### Stored data entries
--*--
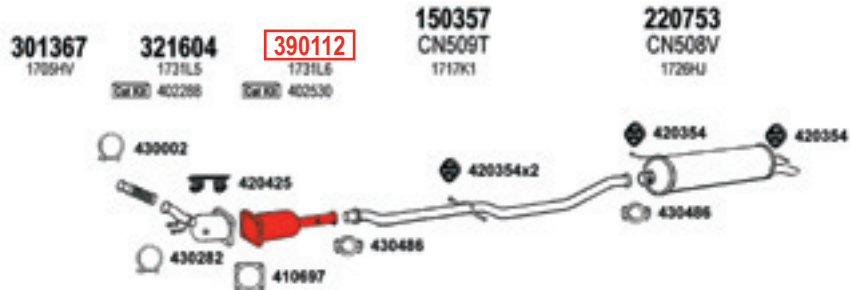

C5 2.2 HDi (Phase 1)

03/2001 - 08/2002
2179cc (101 kW, 136 HP)
Mot : DW12TED4

Type : DC4HX,DE4HX
⇨ RP No. 09425

180585
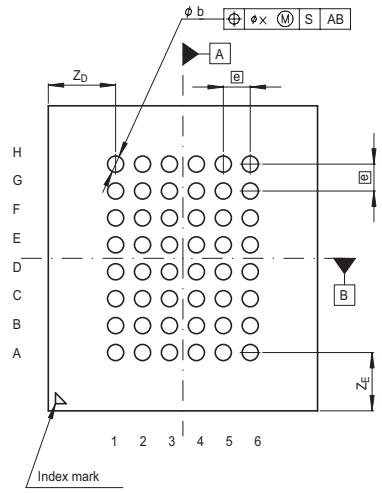

JEITA Package Code	RENESAS Code	Previous Code	MASS[Typ.]
P-TFBGA48-7.5x8.5-0.75	PTBG0048HB-A	48FHH	0.1g

Reference Symbol	Dimension in Millimeters		
	Min	Nom	Max
D	—	7.5	—
E	—	8.5	—
v	—	—	0.15
w	—	—	0.20
A	—	—	1.2
A ₁	0.3	0.35	0.4
\ominus	—	0.75	—
b	0.4	0.45	0.5
x	—	—	0.08
y	—	—	0.10
Z _D	—	1.875	—
Z _E	—	1.625	—
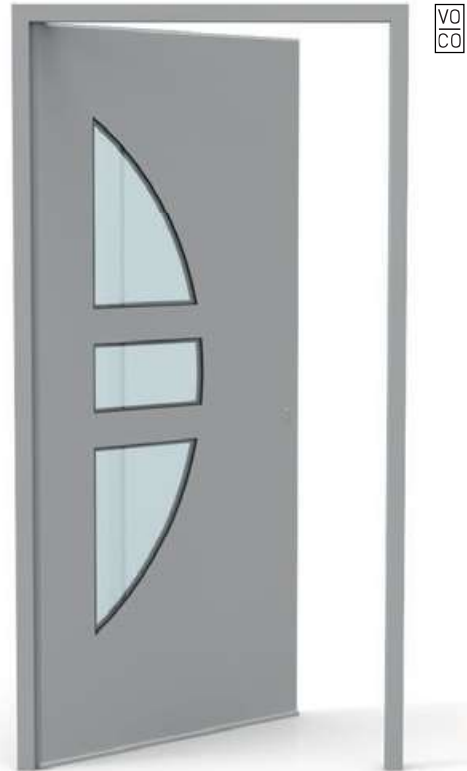

VLEUGELOVERDEKKEND
CACHE-OUVRANT

TRADITIONEEL VS VLEUGELOVERDEKKEND

In een zoektocht naar nog meer esthetiek voor inkomdeuren, stelt Frager – Fralu u zijn vleugeloverdekkend systeem voor. Het resultaat is ronduit indrukwekkend.

Niet alleen ziet het nieuwe deurgeheel er breder, strakker en dus mooier uit, ook naar thermische isolatie toe biedt het systeem een onmiskenbaar voordeel. Zo heeft een onbeglaasd deurblad nu een U-Value van 0,72 W/m²K.

TRADITIONNEL VS CACHE-OUVRANT

Afin de mettre en valeur l'aspect esthétique de ses panneaux, Frager – Fralu vous propose son système de porte cache-ouvrant. Le résultat est impressionnant!

La porte donne l'impression d'être plus large, plus épurée et par conséquent plus esthétique. De plus, ce système présente un avantage certain au niveau esthétique mais également une meilleure isolation thermique. La valeur U est de 0.72W/m²K [pour porte non-vitrée].
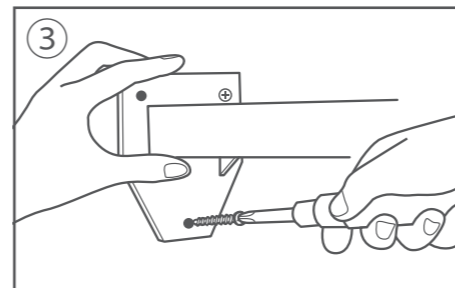

本製品は強盗、盗難、空巢などの被害を未然に防ぐことを保証するものではありません。
万一、被害などが発生いたしましても当社は一切の責任を負いかねますので予めご了承ください。

この度は、弊社製品のお買い求め誠にありがとうございます。
はじめに本取扱説明書をご一読のうえ、正しく安全に設置し、防犯にお役立てください。

ハウジング型ダミーカメラ

OS-161

■電池の入れ方

- ① 本体側面にある金具のロックを外します。
- ② 本体上部のカバーを右図のように上に開きます。
- ③ 中の電池ケースのフタを開けます。
- ④ 電池ケースの表示に従い、電池の＋を確認してセットしてください。

・電池をセットすると、赤色LEDが点滅します。

電池ケース 止め金具 単3形乾電池 2個(別売)をセットしてください。

電池の準備ができたなら、設置を行う前に必ず動作確認を実施してください。

製品の取付・取外しに伴う工事費用等の補償は致しかねますのでご注意ください。

■取付方法

- ・予め、取付予定位置で設置できることをご確認の上、取付作業を行ってください。
- ・設置する際、壁の強度や周辺の状態等、危険がないか十分に確かめ、本品が落下しないようにしっかりと固定してください。

設置する場所にブラケットをあてネジ穴の位置にペンなどで印をつけます。

印をつけたネジ穴の位置にドリルなどで約Φ2mm程度の下穴を開けます。

ブラケットを付属の取付用ネジで、しっかりと固定します。

■取付方法 (続き)

カメラの向きや角度を調整し接合部のネジをしっかりと締め固定します。ダミーケーブルをブラケットの穴に差し込みます。外れやすい場合は接着剤等で固定してください。

■プラスチックアンカーの使用方法

ブロック・煉瓦・コンクリート壁などに設置する場合は、コンクリートドリル等で壁に穴を開けます。その後、付属のプラスチックアンカーを差し込みブラケットを取付用ネジでしっかりと固定してください。

※プラスチックアンカーを差し込む時に接着剤との併用をおすすめします。

■オプション

本製品を柱やポールに固定する場合、別途取付用のアームが必要です。

OS-262

防犯カメラ取付アーム・柱用(Lサイズ)

- 日本の企業が品質管理! 信頼の安心品質!
- 柱などに金属製バンドで固定できるから穴あけ・ビス止め不要!
- 金属製アームの高級感が防犯に効果絶大!
- 丸柱、角柱の両方に対応しています。
- ハウジング型やボックス型など様々な防犯カメラに対応!
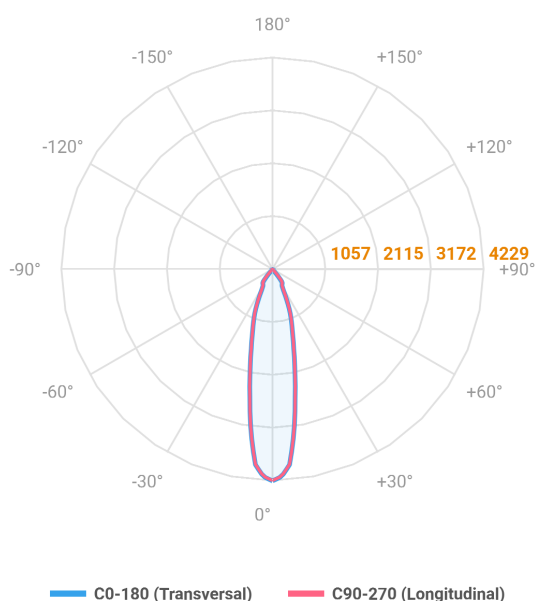

# HIDREA FACHO FIXO QUADRADA EMBUTIR M GESSO FACHO FIXO 24° 14W COBMAX 4000K IRC90 (OPÇÕESPBE)

datasheet gerado em  
06-05-26

REF.: HIDREA FACHO FIXO-QD-EM-GE-FF124-14-COBMAX-40-90-M-(OPÇÕESPBE)

Luminária quadrada de embutir em forro de gesso, 14W 4000K IRC>90. Corpo em alumínio. Acabamento Branca, Preta ou Especial. Controle óptico principal através de refletor facho 24°. Luminária grau de proteção IP-20. Driver corrente constante Liga/Desliga, Triac, 1-10V ou Dali (consultar condições). Tensão de trabalho 220V ou Bivolt.

Aplicação	Ambiente interno
Instalação	Embutir Gesso
Altura	147
Largura	152
Comprimento	152
IP	20
Corpo	Alumínio
Cor	Branca, Preta ou Especial
Ótica principal	Refletor
Potência	14W
Fluxo Luminária	1308lm
Intensidade	4229cd
Eficácia	93lm/W
Facho	24°
CCT	4000K
IRC	>90
Tensão	220V ou Bivolt
Dimerização	Liga/Desliga, Dali, 0-10 ou Triac
Garantia	5 anos
UGR	Espaçamento 1m (4H/8H) - <-3/<-3
Tipo de LED	COBmax
Eficácia do LED	132lm/W
Fluxo Luminoso do LED	1565lm
Potência do LED	11,9W

A = 147mm | B = 152mm | C = 152mm

IMPORTANTE: ENSAIOS REALIZADOS A 25°C
--*--
### Task details
Starting at the line above that holds "- 日本の企業が品質管理! 信頼の安心品質!", repeat every line exactly down to and including the line that holds "REF.: HIDREA FACHO", then stop. Do not carry over any pictures.

### Exercise solution
- 日本の企業が品質管理! 信頼の安心品質!
- 柱などに金属製バンドで固定できるから穴あけ・ビス止め不要!
- 金属製アームの高級感が防犯に効果絶大!
- 丸柱、角柱の両方に対応しています。
- ハウジング型やボックス型など様々な防犯カメラに対応!

# HIDREA FACHO FIXO QUADRADA EMBUTIR M GESSO FACHO FIXO 24° 14W COBMAX 4000K IRC90 (OPÇÕESPBE)

datasheet gerado em  
06-05-26

REF.: HIDREA FACHO FIXO-QD-EM-GE-FF124-14-COBMAX-40-90-M-(OPÇÕESPBE)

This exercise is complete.